◆ Problem details: Check each line of the entries. Copy the ones that contain the string "Report".

◆ Listed entries:
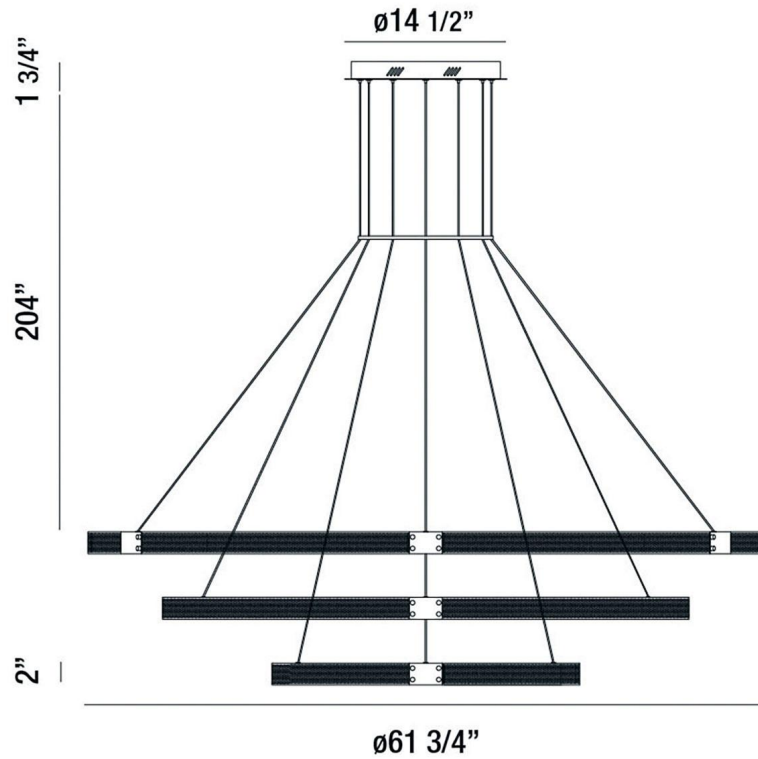

## LIGHT INFORMATION

Light Type	Integrated LED
CRI	90
Delivered Lumens	9450
Color Temperature	3000K
LED Lifespan (L70)	20000
Light Direction	Up & Down
Dimming Method	Triac/Elv
Current Type	AC
Input Voltage	120
Total Wattage	210

## DIMENSIONS & WEIGHT

Height (In)	2
Min Height (In)	34.63
Max Height (In)	207.75
Diameter (In)	61.75
Weight (Lbs)	55.1
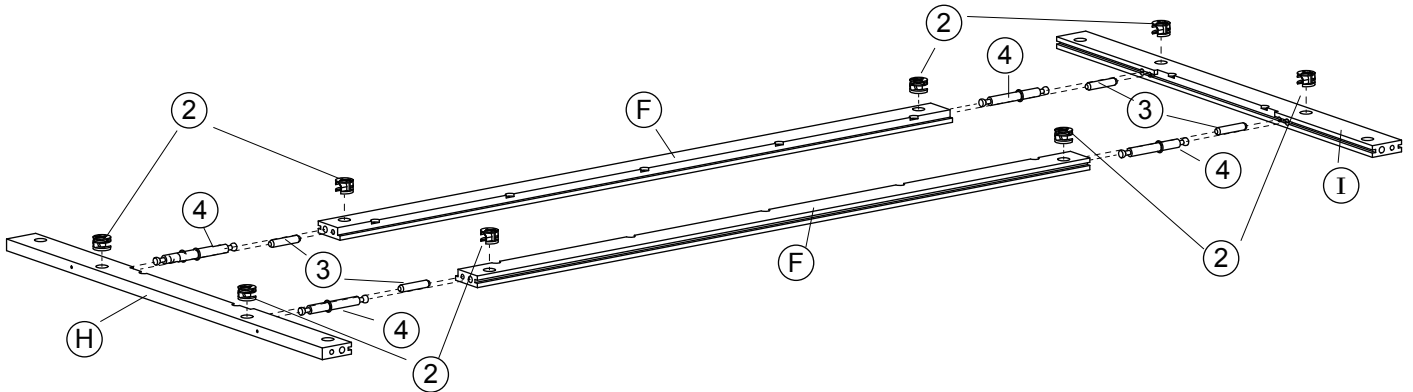

831-226

Dimension

Width 80cm

Depth 40cm

Height 170cm

Assembly Instruction

(A) ×1	(B) ×1	(C) ×1	(D) ×1	
(E) ×1	(F) ×2	(G) ×1	(H) ×1	
(I) ×1	(J) ×1	(K) ×2	(L) ×1	
(M) ×1	(N) ×1	(O) ×1	(P) ×1	
(Q) ×1	(R) ×1	(S) ×1	(T) ×1	
(1) ×22	(2) ×32	(3) ×40	(4) ×10	(5) ×14
(6) ×2	(7) ×14	(8) ×14	(9) ×14	(10) ×4
(11) ×8	(12) ×6	(13) ×2	(14) ×2	

Assembly Instruction

Step 1

②×8

③×4

④×4

Step 2

Step 3

②×6

③×3

④×3

Step 4

Assembly Instruction

Step 5

②×6

③×3

④×3
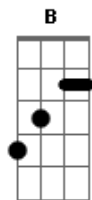

© ukulele-chords.com
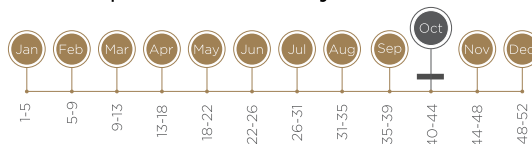

### GROWTH HABIT

### FULL BLOOM DATE

Late September to Early October
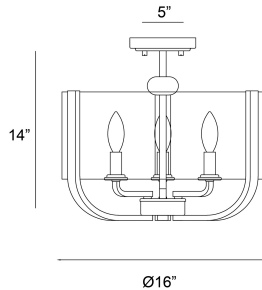

CAMPISI, 3 LIGHT SEMI FLUSHMOUNT

PRODUCT DETAILS

No.	:	38156-014
Product Color	:	BRASS
Product Material	:	METAL
Shade / Accent Colour	:	CLEAR GLASS
Shade / Accent Material	:	GLASS
Diameter	:	16"
Height	:	12.75"
Weight	:	7.5lbs

LIGHT SOURCE DETAILS

Number of Bulbs	:	3
Light Source Type	:	B10
Input Voltage	:	120V
Bulb Voltage	:	120V
Socket Type	:	E12
Wattage	:	60W
Total Wattage	:	180W
Bulb Included	:	No
Dimmable	:	No

OPTIONS AVAILABLE

ITEM NO.	FINISH	SHADE
38156-014	BRASS	CLEAR GLASS
38156-021	CHROME	CLEAR GLASS
38156-038	BLACK	CLEAR GLASS

TECHNICAL DETAILS

Canopy / Backplate Height	:	1"
Canopy / Backplate Dia.	:	5"
Location	:	DRY
Approval	:	
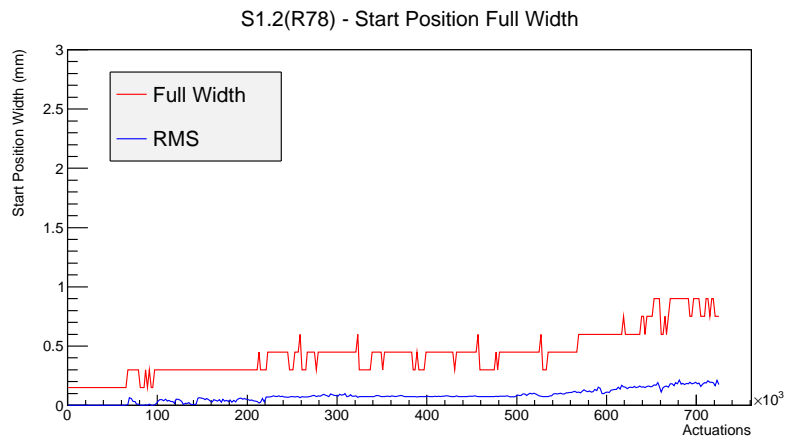

Target Performance Report - S1.2(R78)

Report Generated: December 15, 2012,

Last Actuation: 15/12/12 11:03:08

1 Operation Summary

	Last Shift	Total
Actuations:	66.4K	726.0 K
Quadrature Count errors:	0	0
Fiber ADC errors:	0	0
BPS errors (during actuation):	0	0
(R78) Gaps > 3s & < 10s:	0	24
(R78) Gaps > 10s:	2	20
(R78) SP2 Corrections:	1	17
(R78) Capture Over/Under shoots:	0/1826	3776/5602

2 Mechanical Performance

Starting position for the last 2000 actuations. Starting position width over time.

Acceleration for the last 2000 actuations. Acceleration over time. Normalised to a temperature 45C using the temperature data collected by the system.
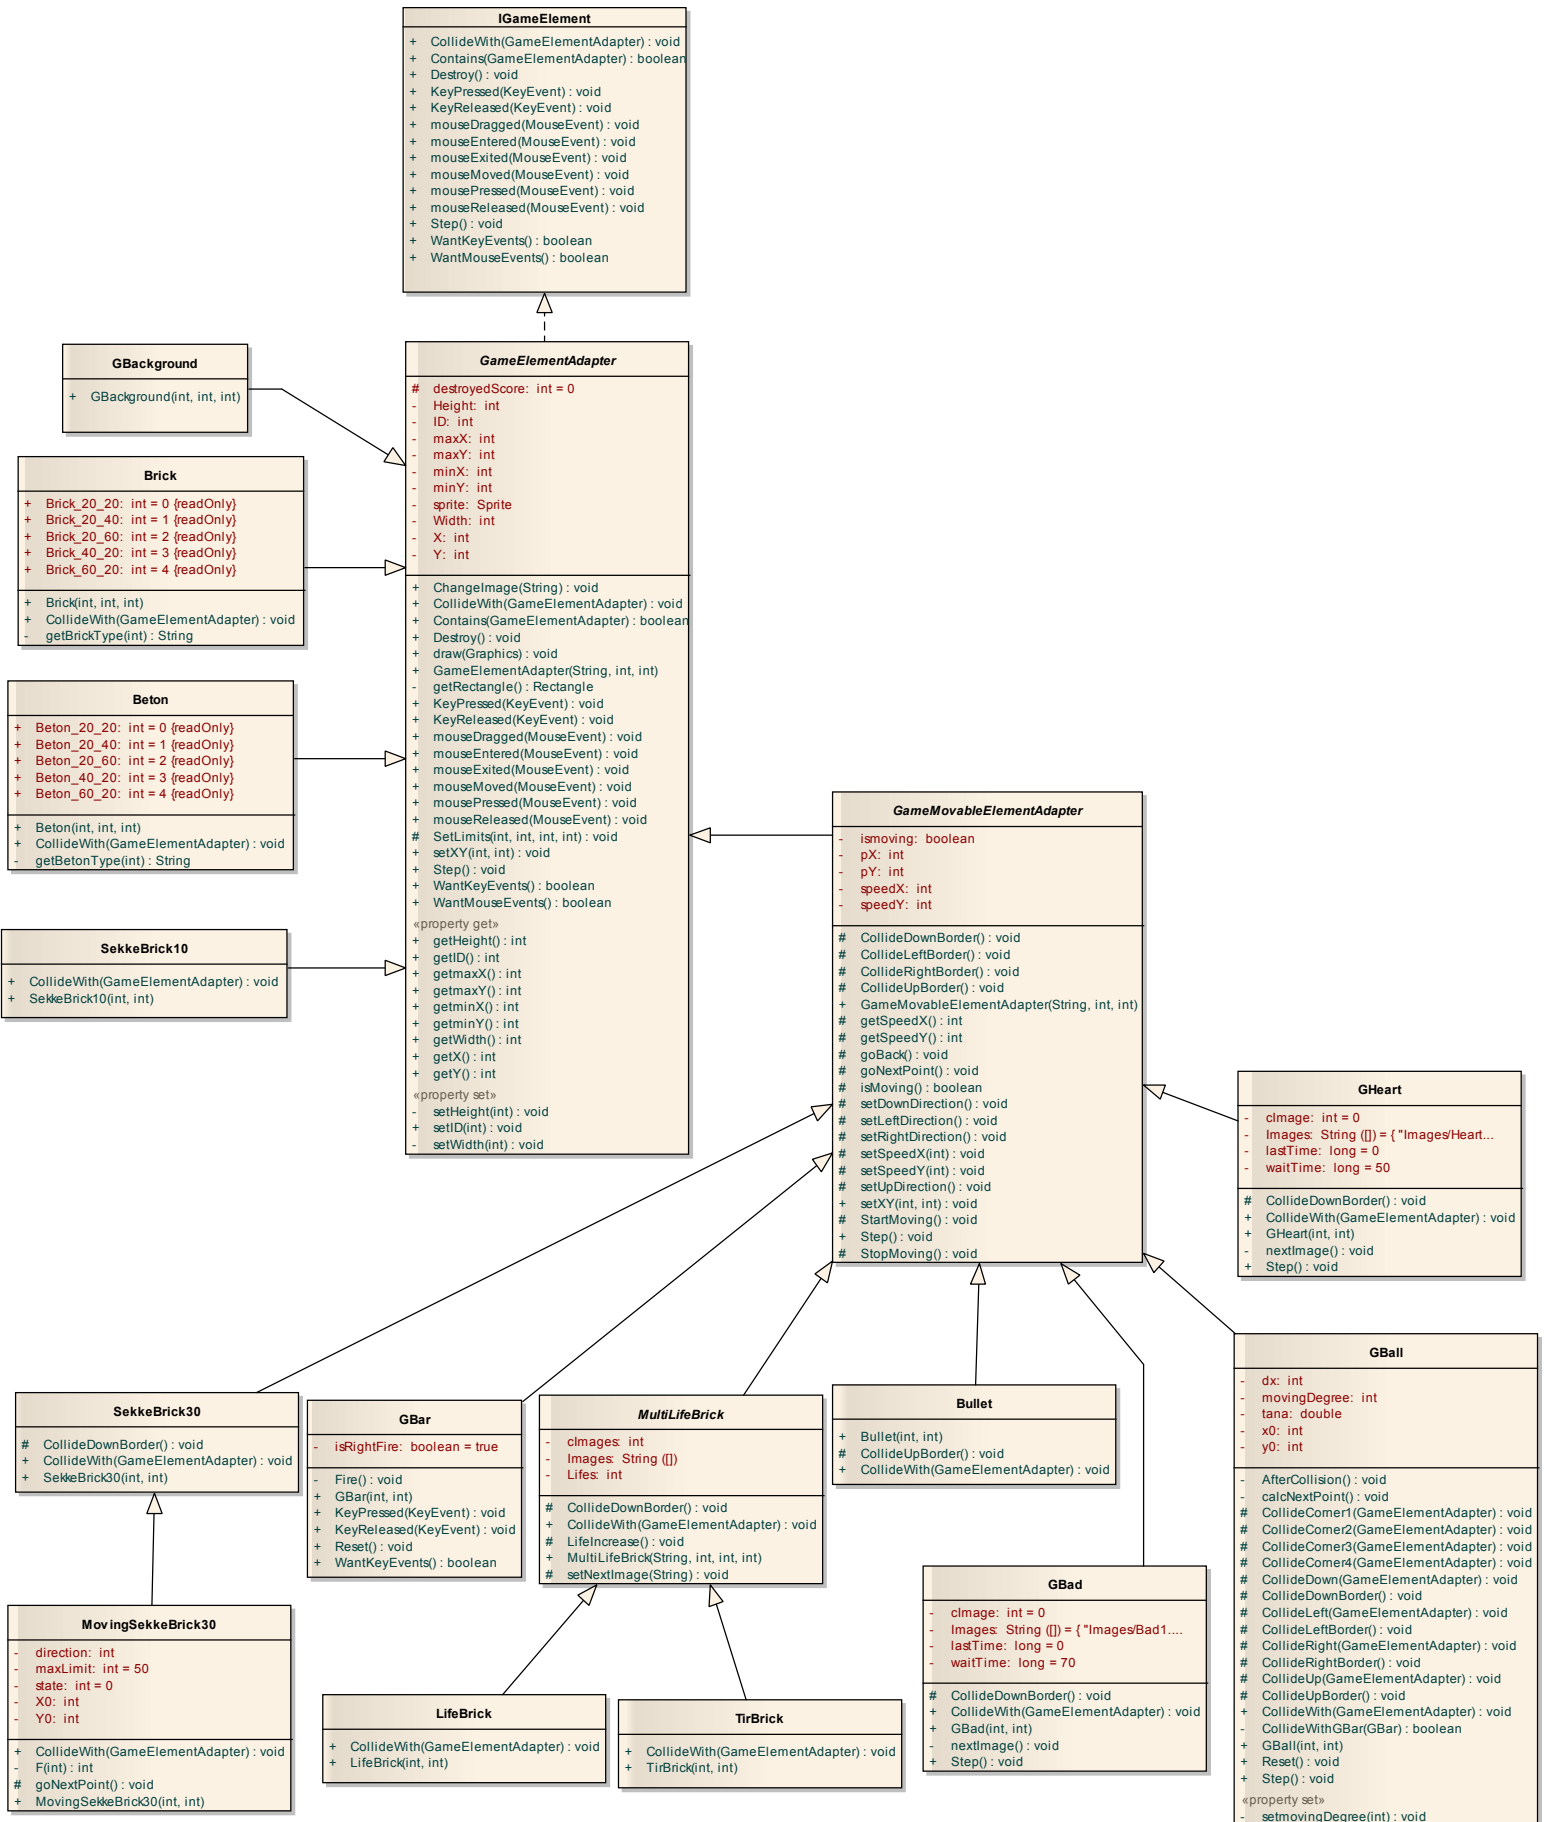

Classes Hierarchy of Elements in the GGame-Paranoid-R(0.1) (by GholamAli Irani, University of Bonab)

Other Classes Hierarchy of the GGame-Paranoid-R(0.1) (by GholamAli Irani, University of Bonab)

class Class Model

MapDesigner Classes Hierarchy of the GGames-Paranoid-MapDesigner-R(0.1) (by GholamAli Irani, University of Bonab)

◆ Result of the task:
Target Performance Report - S1.2(R78)
Report Generated: December 15, 2012,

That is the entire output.